* REQUIREMENT: All entries are to be transcribed exactly. Pictures are not part of the copy.

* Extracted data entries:
━━━━━━━━━━━━━━━━
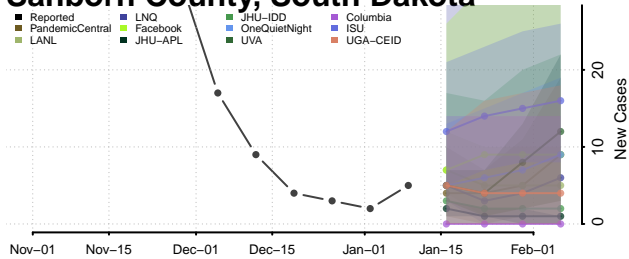

Sanborn County, South Dakota
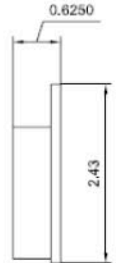

Brake Pads

UL 100 Brake Pad
260 Caliper

\$42.00 each pad

UL 200 Brake Pad

\$42.00 each pad

Feather Lite, LW 200 & 270 Caliper

UL 101 Brake Pad
300 Series, Superlite

\$42.00 each pad
━━━━━━━━━━━━━━━━
* WORKED SOLUTION:
Sanborn County, South Dakota

Brake Pads

UL 100 Brake Pad
260 Caliper

\$42.00 each pad

UL 200 Brake Pad

\$42.00 each pad

Feather Lite, LW 200 & 270 Caliper

UL 101 Brake Pad
300 Series, Superlite

\$42.00 each pad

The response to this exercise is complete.